- Authors: Simon Balz simon@balz.me, Mika Borner mika.borner@gmail.com, Christoph Dittmann mulibu.flyingk@gmail.com, Harun Kuessner h.kuessner@posteo.de
- Description: Store baseline statistics based on historical data and score current events based on these statistics
- Version: 1.0
The Support Add-on for Hyperbaseline provides two custom search commands which enables the user to store statistical values in a splunk collection based on historical events (fillbaseline) and use these statistics to determine potential outliers in current data (comparetobaseline).
- store statistics in a splunk collection using fillbaseline
- compare events against statistics using comparetobaseline
- The app uses only portable code and is tested thoroughly on *nix and Windows systems.
- The app will be used within customer projects, and improved according to customer and community needs.
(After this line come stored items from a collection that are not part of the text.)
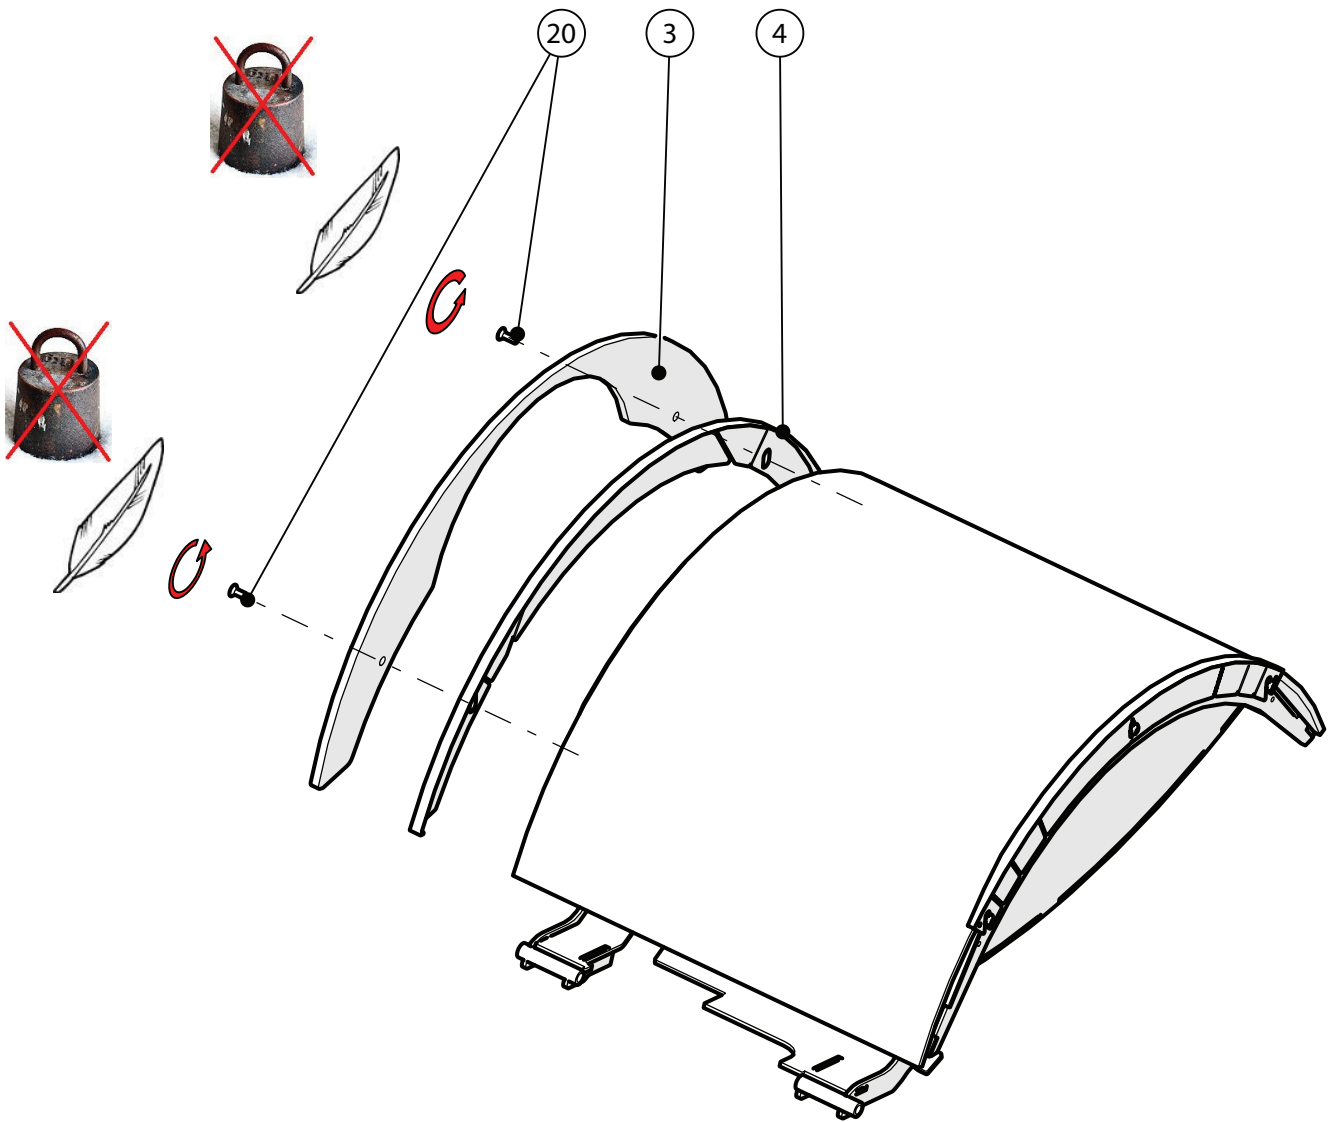

1 (2)x
B550830

③

4 x B360816
M8x16

360°

90°

90°

45°

45°

Option 1

Option 2

NB! For air connection

- ① 
4 x B360810
M8x10
- ② 
8634 Air studs
- ③ 
P110010 Rope seal
- ④ 
8636 Air studs w. flange

NB! For Glass plate

2

1

4x

Development of the app will happen in public. Bugs/Issues and improvement requests can be opened on the project's Github page (https://github.com/my2ndhead/SA-hyperbaseline/issues).
- v1.0 / 2015-07-20
- Bugfixes and final release for Apptitude2 submission
- v0.1 / 2015-07-15
- first initial version committed to github in develop branch
- Ron Pearson (http://www.r-bloggers.com/author/ron-pearson-aka-thenoodledoodler/) for his blog about outler detection in R [5]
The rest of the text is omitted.